ERROR: Value mismatch

Example:
float %x = poison

Source:
float %r = NaN  [based on undef value]

Target:
float %r = NaN  [based on undef value]
Source value: NaN
Target value: #x84000400 (-0.000000000000?)

Summary:
  0 correct transformations
  1 incorrect transformations
  0 errors
234–240 ↗(On Diff #244962)

Again, no

----------------------------------------
define float @fsub_undef_op1_constant(float %x) {
%0:
  %r = fsub float 4.000000, undef
  ret float %r
}
=>
define float @fsub_undef_op1_constant(float %x) {
%0:
  %r = fsub float 4.000000, undef
  ret float undef
}
Transformation doesn't verify!
ERROR: Value mismatch

Example:
float %x = poison

Source:
float %r = NaN  [based on undef value]

Target:
float %r = NaN  [based on undef value]
Source value: NaN
Target value: #x84000400 (-0.000000000000?)

Summary:
  0 correct transformations
  1 incorrect transformations
  0 errors
242–248 ↗(On Diff #244962)

This is correct

250–256 ↗(On Diff #244962)

No

----------------------------------------
define float @fmul_undef_op1_constant(float %x) {
%0:
  %r = fmul float 6.000000, undef
  ret float %r
}
=>
define float @fmul_undef_op1_constant(float %x) {
%0:
  %r = fmul float 6.000000, undef
  ret float undef
}
Transformation doesn't verify!
ERROR: Value mismatch

Example:
float %x = poison

Source:
float %r = NaN  [based on undef value]

Target:
float %r = NaN  [based on undef value]
Source value: NaN
Target value: #x00001000 (0.000000000000?)

Summary:
  0 correct transformations
  1 incorrect transformations
  0 errors
nikic added a subscriber: nikic.Feb 17 2020, 12:32 PM
spatel marked an inline comment as done.Feb 17 2020, 1:02 PM
spatel added inline comments.
llvm/test/Transforms/InstSimplify/fp-undef.ll
218–224 ↗(On Diff #244962)

Apologies for not having recent Alive installed anywhere at the moment to test this myself, but how should we interpret this output?

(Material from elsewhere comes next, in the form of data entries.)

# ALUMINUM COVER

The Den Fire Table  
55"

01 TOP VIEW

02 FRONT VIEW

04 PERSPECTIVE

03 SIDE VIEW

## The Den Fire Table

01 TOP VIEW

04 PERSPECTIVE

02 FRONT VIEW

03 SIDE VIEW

Is it saying that there is no value that we can assign to the undef operand that will produce the exact 0x84000400 output value?

nlopes added inline comments.Feb 17 2020, 2:30 PM
llvm/test/Transforms/InstSimplify/fp-undef.ll
218–224 ↗(On Diff #244962)

Exactly!
"2.0 + x" can never be -1.5048164E-36 (0x84000400) for any x.

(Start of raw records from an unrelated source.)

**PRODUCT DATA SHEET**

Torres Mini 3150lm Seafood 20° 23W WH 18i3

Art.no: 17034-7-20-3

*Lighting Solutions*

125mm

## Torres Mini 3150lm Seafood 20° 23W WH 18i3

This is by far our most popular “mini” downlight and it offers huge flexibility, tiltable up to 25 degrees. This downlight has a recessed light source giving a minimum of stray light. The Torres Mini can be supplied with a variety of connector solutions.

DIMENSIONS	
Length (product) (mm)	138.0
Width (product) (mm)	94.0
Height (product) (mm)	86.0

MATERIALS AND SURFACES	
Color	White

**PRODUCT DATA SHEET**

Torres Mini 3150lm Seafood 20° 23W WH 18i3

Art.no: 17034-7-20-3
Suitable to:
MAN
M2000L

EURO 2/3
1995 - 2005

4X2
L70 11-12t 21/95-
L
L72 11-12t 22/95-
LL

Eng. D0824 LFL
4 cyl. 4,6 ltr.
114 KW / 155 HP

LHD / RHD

Is that enough to say the result is undef?

Theoretically, no. To take a simple integer example, suppose you have "max(undef, 1)". You can toggle any of the bits separately, but you can't produce 0, so converting it to "undef" is wrong. Alive2 does these sorts of proofs if you want mechanical verification (although I don't think it handles fp).

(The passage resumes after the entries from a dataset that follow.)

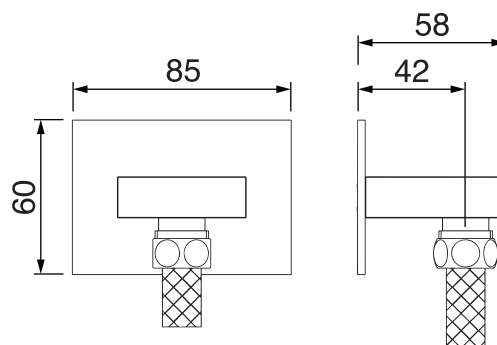

LEXUS #68SD31

Square Shower Design – 3 outlets
Système de douche design carré – 3 sorties

 .99 Chrome

#6016

16" shower arm with square flange

1/2" Male NPT inlet
Sliding flange

Finish: Chrome (#99)

#6079

10" square thin rain head

4 mm in thickness
Easy clean nozzles
High polished stainless steel
2.5 GPM (9.5 L/min.)

Finish: Chrome (#99)

#75117

Shower rail kit

Includes bar, hose and hand shower
Single spray hand shower
Easy clean nozzles
2 GPM (7.5 L/min.)

Finish: Chrome (#99)

Edge #6031

Wall supply elbow

1/2" male NPT inlet
Easy slide installation

Finish: Chrome (#99)

Emotion #6047

Square flush mount body spray

Directional head
Easy clean nozzles
1.5 GPM (5.7 L/min.)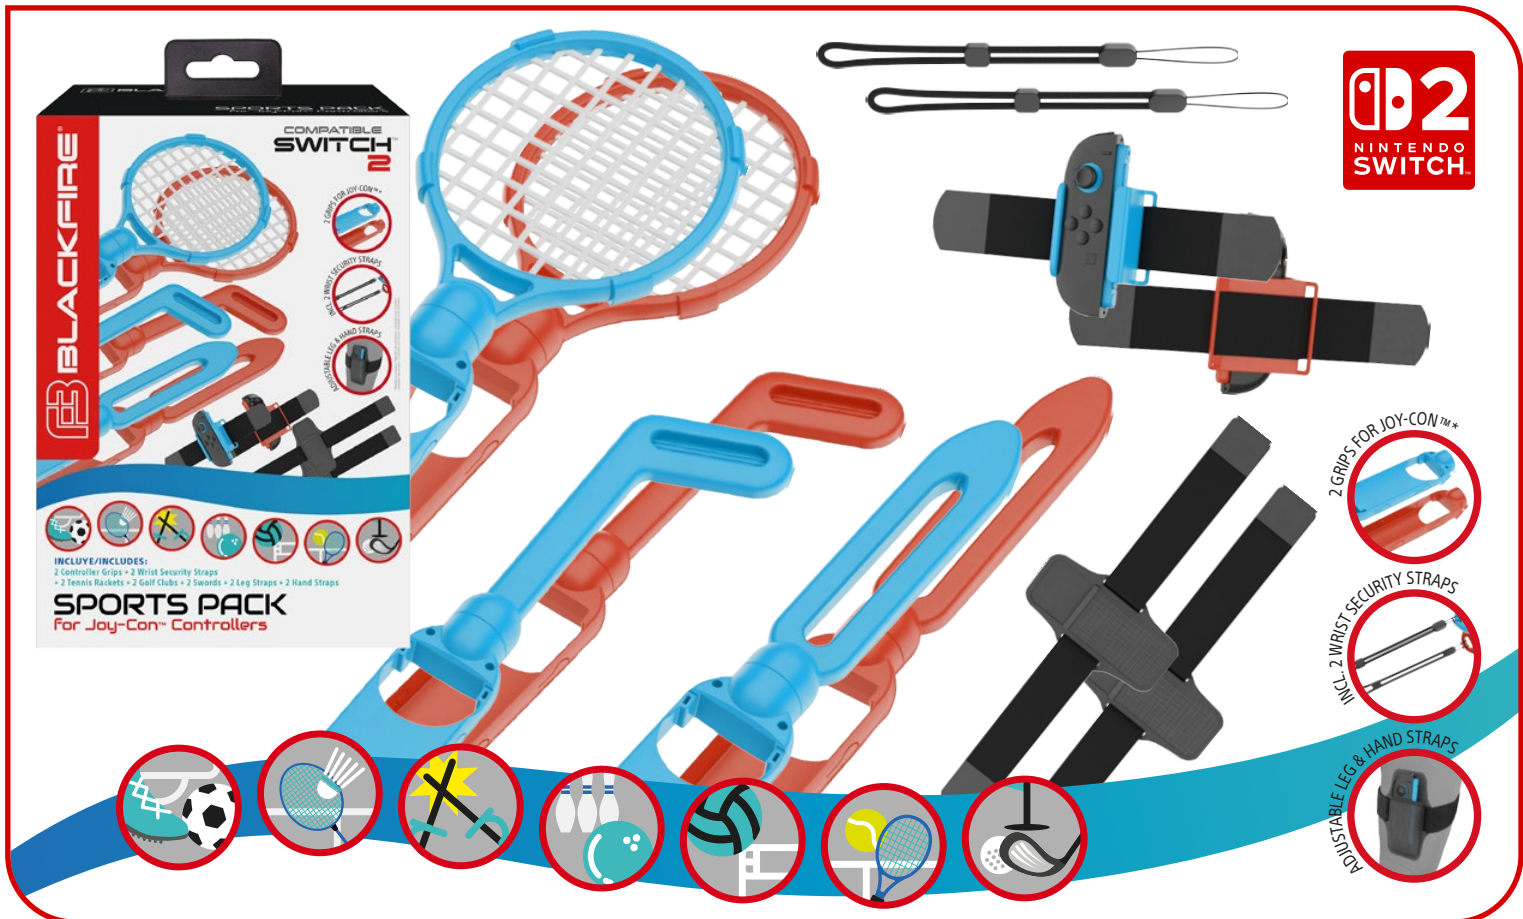

*Consola, mandos y accesorios adicionales no incluidos.

EN | FEATURES:

Product compatible only with Nintendo Switch™ 2 Joy-Con™ 2 controllers.

- 2 Wheels made in ABS material for Nintendo Switch™ 2 Joy-Con™* 2 controllers.
- They can be used interchangeably with either the left (-) or right (+) controllers.
- Ergonomic design specially designed for long gameplays.
- Include SL/SR buttons for better comfort.
- NOT COMPATIBLE with Switch™ 2019, OLED or Lite.

*Console, controllers and other accessories not included.

Información de Producto / Product Information

EAN/SKU: 8431305034193

Compatible: SWITCH 2

BLACKFIRE®

Sports Pack 14in1

Item: 16,5 x 23,5 x 8,2 cm | 0,424 Kg
 Box: 26 x 25 x 35 cm | Uds./Box: 6

PVPR: 24,95€
 Cat.: PACKS

ES | CARACTERÍSTICAS:

Producto compatible solo con mandos Joy-Con™ 2 de Nintendo Switch™ 2.

- 2 Grips mandos Joy-Con™ 2 de Nintendo Switch™ 2.
- 2 Correas de muñeca para seguridad con los grips.
- 6 Accesorios de Deportes acoplables a los Grips: 2 Raquetas de Tenis, 2 Palos de Golf, 2 Espadas.
- 2 Cintas Pierna ajustables para mandos Joy-Con™ 2.
- 2 Cintas Mano ajustables para mandos Joy-Con™ 2.
- NO COMPATIBLE con Switch™ 2019, OLED ni Lite.

*Consola, juegos y accesorios adicionales no incluidos.

EN | FEATURES:

Product compatible only with Nintendo Switch™ 2 Joy-Con™ 2 controllers.

- 2 Grips for Nintendo Switch™ 2 Joy-Con™ 2 controllers.
- 2 Wrist straps for safety when using grips.
- 6 Sports accessories attachable to the Grips: 2 Tennis Rackets, 2 Golf Clubs, 2 Swords.
- 2 Adjustable Leg Straps for Joy-Con™ 2 controllers.
- 2 Adjustable Hand Straps for Joy-Con™ 2 controllers.
- NOT COMPATIBLE with Switch™ 2019, OLED or Lite.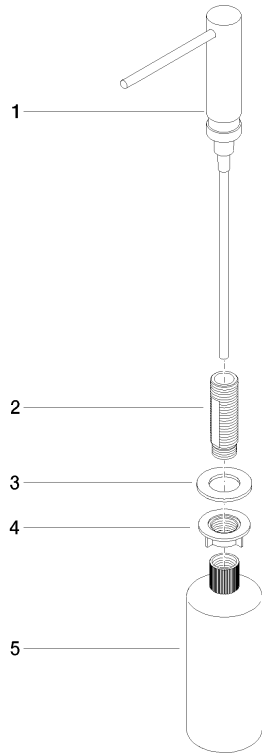

Dispenser without rosette - Champagne (22kt Gold)

ELIO

82 424 970

- 124mm projection
- 500 ml bottle
- can be filled from the top
- rotating pump head
- height 125 mm
- width 30mm
- hole diameter 25 mm

Fits ELIO, ENO, MEM, META SQUARE, SYNC and TARA ULTRA

Fits: ELIO, MEM, ENO, SYNC, TARA ULTRA, META SQUARE

	Champagne (22kt Gold)	82 424 970-47
	Chrome	82 424 970-00
	Brushed Platinum	82 424 970-06
	Platinum	82 424 970-08
	Durabrand (23kt Gold)	82 424 970-09
	Dark Chrome	82 424 970-19
	Brushed Durabrand (23kt Gold)	82 424 970-28
	Matte Black	82 424 970-33
	Brushed Champagne (22kt Gold)	82 424 970-46
	Brushed Chrome	82 424 970-93
	Brushed Dark Platinum	82 424 970-99

82 424 970

mm [inches]

82 424 970

Parts for other  
finishes can be found  
here: [Chrome](#)

### Spare parts list

No.	Item Number	Name	Quantity used	Delivery time
	90 10 10 539 00-47	dispenser	5	30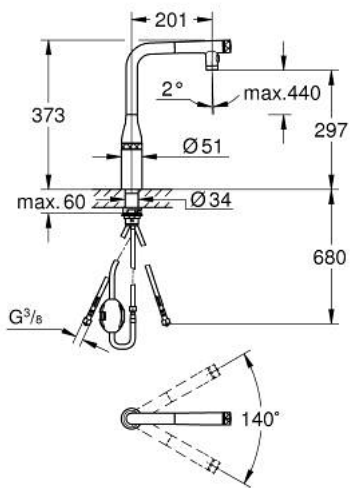

31 892 KF0 ESSENCE SMARTCONTROL SINK MIXER WITH SMARTCONTROL

PRODUCT DESCRIPTION

- Tyc: phantom black
- single hole installation
- Dual Spray - switch between laminar spray and shower jet
- Pull-Out spout for greater flexibility
- material: metal
- MagneticDocking guarantees easy retraction and smooth docking of the spray head back to the starting position
- GROHE SmartControl - push for ON-OFF, turn for volume adjustment from minimum to full flow
- temperature adjustment by turning of mixing valve on body
- swivel tubular spout
- swivel area 140°
- protected against backflow
- flexible connection hoses
- metal fixation set
- Protected Water Ways no contact of water with lead or nickel inside the tap
- professional exclusive
- maximum flow rate (at 3 bar): 10 l/min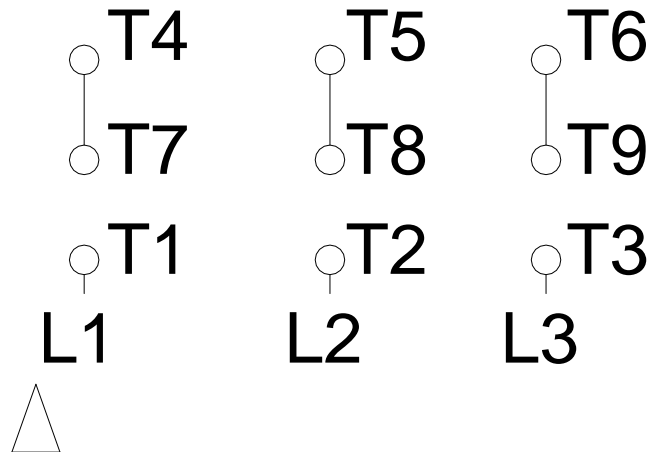

1 2 3 4 5 6 7 8

LOW VOLTAGE

HIGH VOLTAGE

A
B
C
D
E
F

Notes: Downloaded from <http://dealerselectric.com>
 Generated for Model #005180T3V184T-S

Performed by:

Checked:

Customer:

Three Phase: W01 (Rolled Steel) - ODP - NEMA Premium Efficiency

Three-phase induction motor
 Frame 182/4T - IP21

13-SEP-2016

Practically, I doubt anyone would notice if "1e100+undef" produced an impossible result.

That's what I was expecting: each FP opcode has exact bit patterns that can never be created given one known constant operand. However, we do not have the FP analysis to determine those patterns in LLVM currently, and even if we did, there's no practical way to use that knowledge for optimization.

Having these fold to undef would make things like D73978 and vector demanded elements easier, but if the consensus is to keep things theoretically pure, we'll have to work around the NaN folding.

spatel updated this revision to Diff 245734.Feb 20 2020, 1:55 PM
spatel retitled this revision from [ConstantFold] fold most FP ops with undef operand to undef rather than NaN to [ConstantFold] fold fsub -0.0, undef to undef rather than NaN.

Patch updated:
Only handle the fneg-like form of fsub.

lebedev.ri accepted this revision.Feb 20 2020, 2:40 PM

This is fine in general for half/float/double for fsub nnan float undef, %x/fsub nnan float %x, undef.

This revision is now accepted and ready to land.Feb 20 2020, 2:40 PM
This revision was automatically updated to reflect the committed changes.